Another Head Fake on QE3

This morning, the talking heads were confident that after the Fed's Open Market Committee meeting, a new round of QE would be announced.  Instead, what they did was extend their "Operation Twist" program.  Operation Twist swaps short term bonds for long term bonds, which they say is intended to keep long term bond rates low.  Wanting to keep long term bond rates low is simply to try and keep the market from "getting away from them".  You probably know that a major item in our budget is the interest on the bonds that must be paid.  Many people have pointed out that current interest rates are at historic lows (they are really negative when inflation from QE is figured in) but that if rates were near where they should be based on inflation and not the Fed controlling the rates, say around 8 or 10%, the US would collapse in no time.  This move is to kick that can farther down the road.
This is today's intra-day chart of yield on the 30 year bond (the "long bond"), you can see the rate dive low right after the announcement and then pop back up nearly where it was.  Joe Weisenthal at Business Insider thinks their approach is not going to work.  
Now the incorrect thing you'll hear today is this: That because the Fed says it would buy more long-term Treasuries, and because in theory greater demand for Treasuries causes rates to fall, that the fall in rates is what the Fed was going for.

But actually it's the opposite. Fed easing causes rates to rise, because people expect more growth and inflation and growth and inflation causes people to dump Treasuries.

So the initial drop in rates reflects the market's view that the easing the Fed announced wasn't satisfactory and that the Fed wasn't going to do as much as expected.
More ominously, from my viewpoint, this says the Fed wants inflation.  They are doing all they can to create inflation and gets us out of this mess by creating money from thin air.  If you're retired and living on savings, or saving for retirement, they just put another one in your back.  Oh, yeah - I've been saying this for a couple of years.


3 comments:

RegT said...

The people running the Federal 401k program called Thrift Savings Plan, which my wife and I pounded as much as we could into while we were working at the VA, are running scared, I believe. They started playing games when my wife and I tried to close out our accounts, running a paperwork scam that was preventing us from getting our funds. I've turned it over to my bank to roll over into an IRA as I am hoping they will be able to get our money out where we couldn't.

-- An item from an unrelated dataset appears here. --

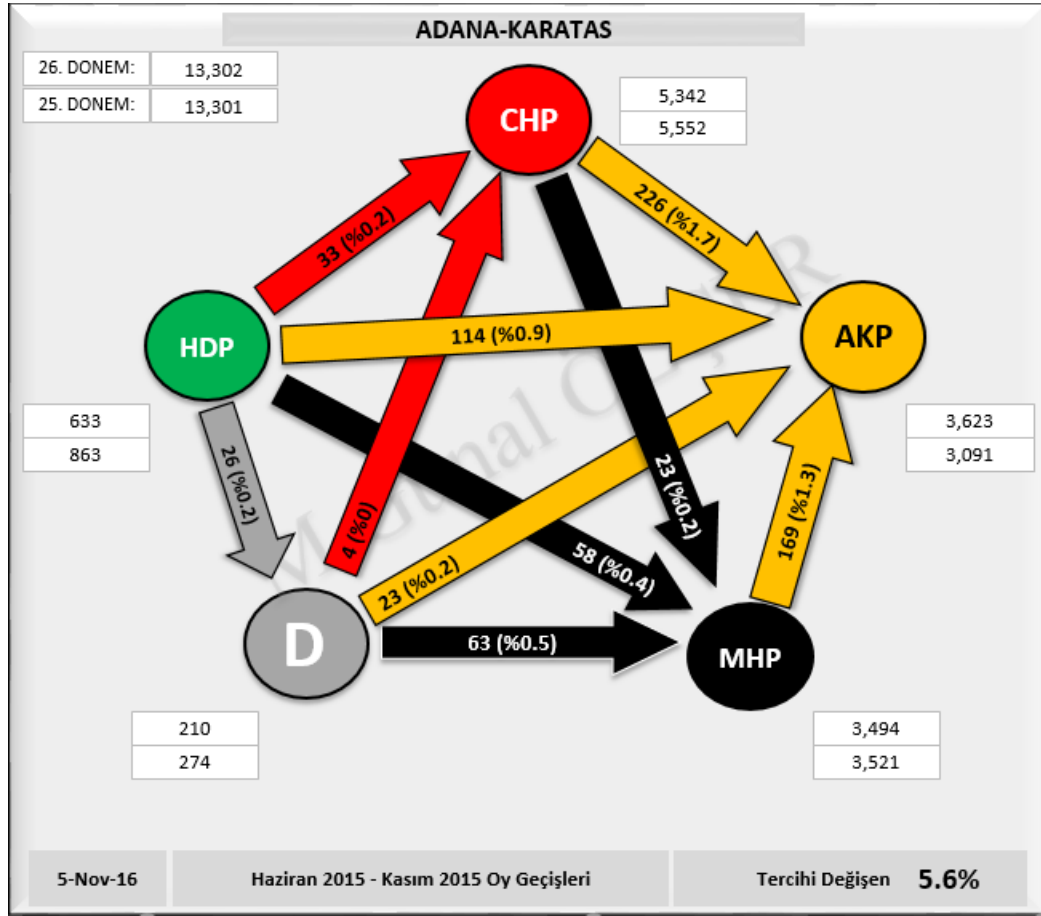

08.1 OY GEÇİŞLERİ

Şekil 78: KARATAŞ Oy Geçiş Matrisi

I've heard from friends at the VA that employees who have recently retired will not be able to start collecting their retirement for TWO YEARS. Hope those people put as much as they could into their TSP accounts, because that is all they are going to get right now (unless they are old enough to collect SS). IF the Feds let them have access to their money in TSP.

I think Ann Barnhardt nailed it: get your money out now. I hope to purchase commodities, meds, and other items that won't be available if TSHTF any time soon, with our funds. Whatever is left over will go into physical precious metals.

Graybeard said...

The feedback from the VA friends is interesting. I wonder if that has anything to do with the way they kept the Fed.gov running by raiding Federal pension programs. I think that was during the last debt ceiling showdown, but I can't find it right now.

I have looked into my 401k plan and it appears locked up tighter than a drum. There is no way to get my funds out, except for a relatively small amount - around 25%, IIRC. I don't mind the tax penalty; if you think that you're going to give up 100% of it when TSHTF, the tax penalty on early withdrawal isn't that big.

RegT said...

I think that is indeed what is happening with the VA retirement system - they have actually spent the money, just as with Social Security, and so they are looking to kick the can down the road. My TSP account is being held hostage, too. I feel certain TSP has decided allowing us to pull our money would be the equivalent of a "bank run", and so they are doing all they can to prevent it.

If I am able to roll it over into an IRA at my bank, I plan on taking the penalty, then using it for real goods and possibly some real estate.